# SC-Puppy w/ punctured lung in SC needs to be adopted!!!



## Blaireli (Jun 3, 2008)

Omg, only six weeks old? 

.........................

Do they do out of state adoptions?


----------



## Karen519 (Aug 21, 2006)

*Blair*

Blair:

I would say YES they do out of state adoptions!! 

Noah's Ark is wonderful!!!!


----------



## Florabora22 (Nov 30, 2008)

Ugh, how horrible, but that's one of the sweetest faces I've ever seen!


----------



## BeauShel (May 20, 2007)

Oh what a sweet little face.


----------



## Jackson'sMom (Oct 13, 2007)

Poor baby! Broken ribs hurt like hell for a long time. I know. I broke 4 in September and the pain was nearly unbearable. One rib still hurts at times. Poor little Snickers. I hope he gets a very special home.


----------



## Debles (Sep 6, 2007)

Poor sweet baby. he is irresistable! I can read Blair's mind from Ohio!


----------



## AcesWild (Nov 29, 2008)

Blair: I will be flying to PA on April 17 I could get him that far!
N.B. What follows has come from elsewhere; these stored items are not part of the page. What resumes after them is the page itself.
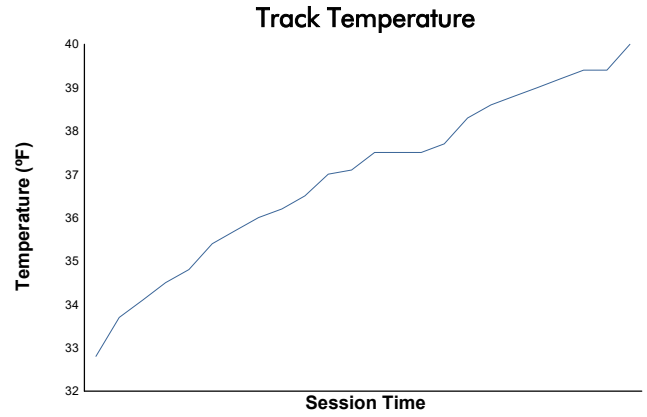

Practice 2 Weather Report

Track Status: **DRY**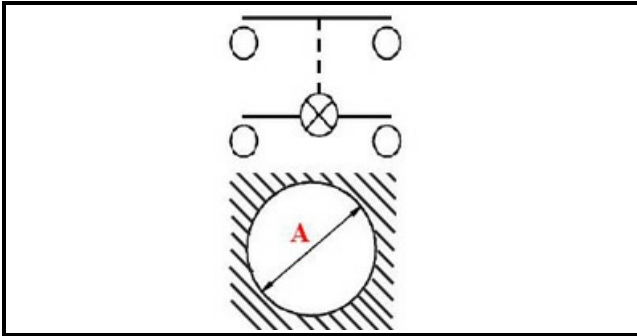

1105035

GREEN BIPOLAR LUMINOUS SWITCH 16A 250V D25

Date: 08-04-2025

Technical data

DIAMETER mm	Ø=25mm
NUMBER OF POLES	POLI/POLES=4
NUMBER OF POSITIONS	0-1
COLOR	VERDE/GREEN
VOLT	230V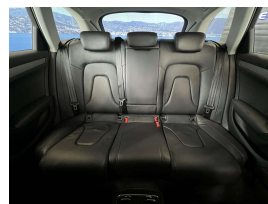

Stock ID 16397
Engine 2000 cc
Body Station Wagon
Odometer 56,300 km
Interior Leather
Transmission Automatic

Welcome to Wholesale Cars Direct.
WCD is quality, WCD is service, it is who we are.

Pristine condition, Features include full leather interior, Heated front seats, Electric front seats, 8 x SRS Airbags, Dual side climate control, Traction control, Auto stop/start, ISOFIX car seat anchor points, Parking sensors, Reverse camera, Auto headlights, 3 Point seat belts for all seats, Proximity key, Push button start, 17 inch factory alloy wheels. powered by a 2.0 Litre Turbocharged petrol engine.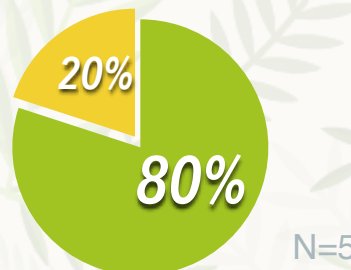

FOREST HEALTH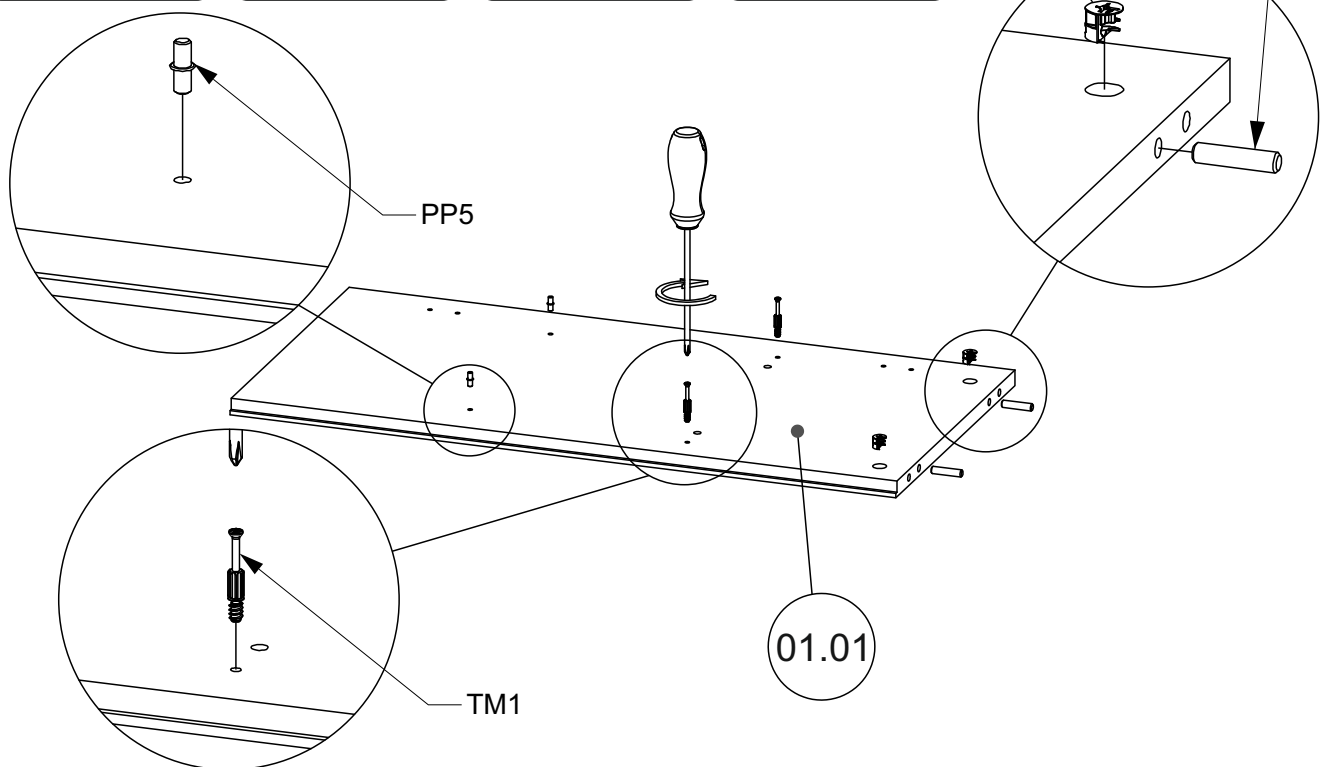

NUMER	WYMIAR	ILOŚĆ
01.01	772,0x380,0x18,0mm	1
01.02	772,0x380,0x18,0mm	1
02.01	1200,0x400,0x18,0mm	1
02.02	1200,0x400,0x18,0mm	1
03.11	376,0x376,0x18,0mm	2
04.01	772,0x376,0x18,0mm	1
04.02	772,0x376,0x18,0mm	1
05.11	372,0x372,0x18,0mm	2
05.12	376,0x376,0x18,0mm	2
07.61	1100,0x40,0x20,0mm	2
08.01	766,0x394,0x18,0mm	1
08.02	766,0x394,0x18,0mm	1
08.13	766,0x399,0x18,0mm	1
10.11	796,0x397,0x3,0mm	2
10.12	796,0x392,0x3,0mm	1
16.21	645,0x280,0x4,0mm	1
STC	125,0x40,0x40,0mm	4

TOSCA

Komoda 3-drzwiowa TC-K2D1W

1 EN You need for fitting-up:
 PL Niezbędne do montażu :

2 EN You need for fitting-up:
 PL Niezbędne do montażu :

3 EN You need for fitting-up: 
PL Niezbędne do montażu :

4 EN You need for fitting-up: 
PL Niezbędne do montażu :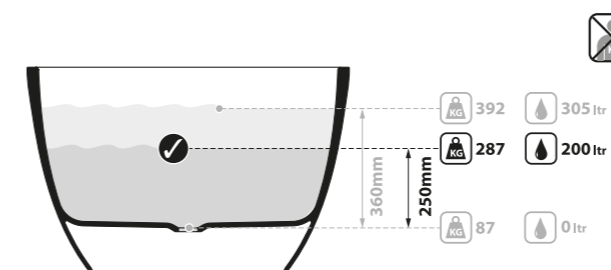

Top View

Front View

Section BB

Side View

Section AA

Barcelona 1700 is designed for the modern bathroom. At 1700mm long it is perfectly suited to master suites or family bathrooms. Previously called Barcelona 2, Barcelona 1700 now features a chamfered rim for head and neck comfort, improved lower back support, and a void space underneath for waste plumbing. Explore our spectrum of RAL colours in gloss or matt finishes.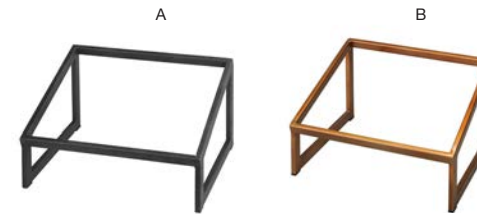

COUNTER DISPLAYS

T-Collection Half Size Risers, Trays & Cover

A 7.75" T-Collection Inclined Riser - Half Size - Black pack 1 **BRI031BKS18**
12.75 x 10.5 x 7.75 in | 32.5 x 26.5 x 19.7 cm

B 7.75" T-Collection Inclined Riser - Half Size - Copper pack 1 **BRI031COS18**
12.75 x 10.5 x 7.75 in | 32.5 x 26.5 x 19.7 cm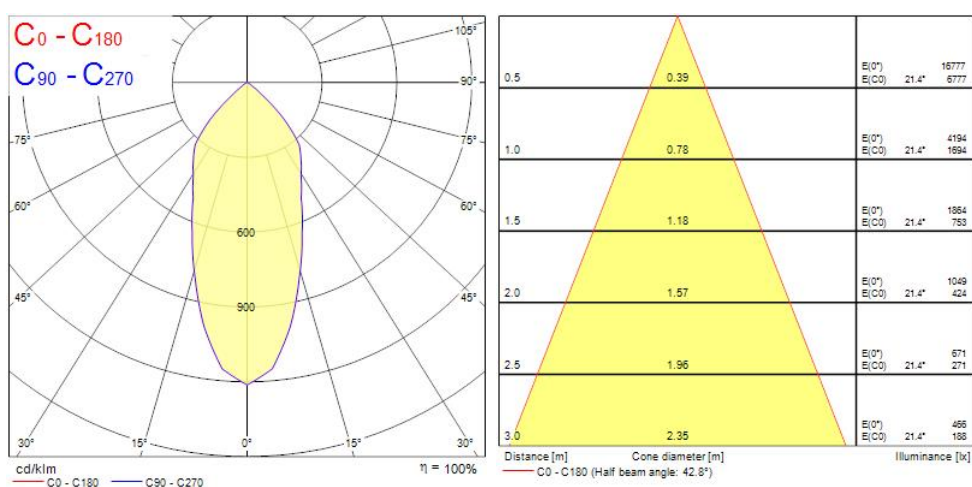

Concord

EXPOSPOT 90 DUO HO RA90 4000K MB BLACK 2070118

Control gear mounting

Remote

Housing colour

Black

IP rating

IP20

IK rating

IK02

Product EAN number

5025768701186

Warranty

5 years

Photometry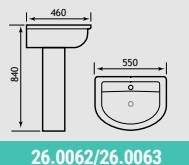

FARRINGDON BASINS

Farringdon/Northall 450MM 1TH Basin			
Description	Code	£ Ex VAT	£ Inc VAT
Farringdon 450mm 1TH basin	26.0064	73.00	87.60
Farringdon Pedestal	26.0063	66.00	79.20

Farringdon/Northall 500MM 1TH Basin			
Description	Code	£ Ex VAT	£ Inc VAT
Farringdon 500mm 1TH basin	26.0066	96.00	115.20
Farringdon Pedestal	26.0063	66.00	79.20

Farringdon/Northall 550MM 1TH Basin			
Description	Code	£ Ex VAT	£ Inc VAT
Farringdon/Northall 550mm 1TH basin	26.0062	102.00	122.40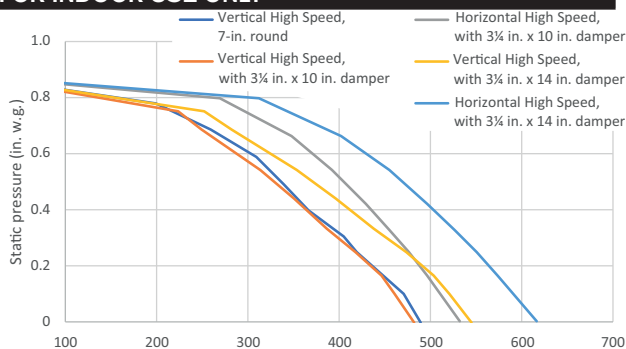

SIZE	BLACK STAINLESS	STAINLESS	WHITE	GREASE FILTERS (replacement)	NON-DUCTED FILTERS
30 in.	ERLE130BLS	ERLE130SS	ERLE130WH	HPFA430 (Type "C5")	HPF30 (Type "Xc")
36 in.	ERLE136BLS	ERLE136SS	ERLE136WH	HPFA436 (Type "D5")	HPF36 (Type "Xd")

HVI PERFORMANCE									
Duct Orientation	Size	Damper	Sones			CFM			
			Normal	Medium*	High	Normal	Medium*	High 0.25 in. w.g.	High 0.1 in. w.g.
Vertical - Rectangular	3¼ in. x 10 in.	Included	<0.3*	3.0	8.0*	120*	270	410*	460*
Horizontal - Rectangular	3¼ in. x 10 in.	Included	<0.3*	3.0	7.5*	120*	290	470*	510*
Vertical - Rectangular	3¼ in. x 14 in.	Included	<0.3	3.0	8.0	150	300	470	520
Horizontal - Rectangular	3¼ in. x 14 in.	Included	<0.3	3.0	7.5	140	340	550	590
Round - Vertical	7 in.	Sold Separately	<0.3	3.0	8.0	140	280	415	470

FEATURES	
Max. Blower Airflow	650 CFM
Control type	3-Speed infrared
Delay off	yes
Filter Clean Reminder	yes
Heat Sentry™	yes
ADA Capable	yes
Lighting	3-level LED (included)
Grease Filters	Hybrid Baffle (Qty. 2)
Installation Hardware	EZ1 Bracket
ENERGY STAR®	no
Recirculation	Non-ducted filters sold separately

AC INPUT	
120 V, 60 Hz - 1.9 AMPS	

OPTIONAL ACCESSORIES	
7 in. Round Damper	BP87Q
7-in. Round Apapter Plate	SR680508
ADA Wiring Kit	HAWRK3
Make-up Air Damper	MD6TU / MD8TU / MD10TU

MOUNTING HEIGHT	
24 in. to 30 in. from cooktop to bottom of hood	

LIMITED WARRANTY	
1-year	
3-year (LED modules only)	
(See installation manual for full warranty text.)	

FOR INDOOR USE ONLY

Dimensions shown in inches.

HVI-2100 CERTIFIED RATINGS comply with new testing technologies and procedures prescribed by the Home Ventilating Institute, for off-the-shelf products, as they are available to consumers. Product performance is rated at 0.1 in. static pressure, based on tests conducted in AMCA's state-of-the-art test laboratory. Sones are a measure of humanly-perceived loudness, based on laboratory measurements. * Where noted performance rating is not HVI certified but was established in accordance with HVI Standardized test procedure.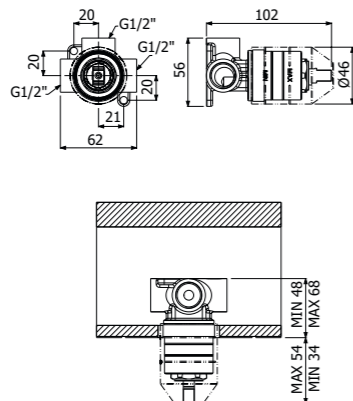

TRIM ESTERNI E INCASSI
EXPOSED & CONCEALED COMPONENTS

300081 --

Elemento incasso miscelatore monocomando doccia a parete
Concealed element wall mounted built-in single lever shower mixer

FINITURE | FINISHING

Ottone - Brass 119,00

IMBALLO | PACKAGING

14,6x12,5x9 20 0,6

RICAMBI | SPARE PARTS

16000007

800652 --

I flew an 8 wk old chihuahua chinese crested mix as a service dog in training, I just have to call the airline ahead of time. And really I would because that means I don't have to take meds for that leg of the trip!


----------



## Karen519 (Aug 21, 2006)

*Info*

I emld. Jennifer to see if they will adopt out of state and here is her reply:

Karen,


Thanks for the post. Yes I will consider adopting out of state to a really, really good person. He is a golden mix of sonething. We just don't know.


Jennifer Smith
President, Noah's Arks Rescue
www.Noahs-Arks.net
Contact is:
[email protected]
4084 Spring Island
Okatie, SC 29909




“The greatness of a nation can be judged by the way its animals are treated." Gandhi


----------



## GoldenJoyx'stwo (Feb 25, 2007)

Go for it Blair!


----------



## AcesWild (Nov 29, 2008)

Yes blair I agree...go for it!


----------



## Blaireli (Jun 3, 2008)

Good morning, guys. After much thought and an emotional breakdown over dinner with my sister (I still can't talk about Heidi without crying), I have decided that maybe now is not the best time to bring another pup in. There is something going on with Luke - I'm going to post in the "In our thoughts" section in a few minutes. I am heartbroken, as I would do anything to help a pup in need. I am hoping, now that little Snickers is stabilized, that they will not have a problem finding a home for him. I am going to send a little something to go toward his medical bills to help in some way. Thank you so much to everyone for your support, and particularly to AcesWild for your generous offer. That Moxie sure is lucky to have such a wonderful Mom.


----------



## GoldenJoyx'stwo (Feb 25, 2007)

I totally understand, Blaire.


----------



## AcesWild (Nov 29, 2008)

I think Moxie knows that there's nothing I wouldn't do for her. Let's see if we can't find this little one a home! 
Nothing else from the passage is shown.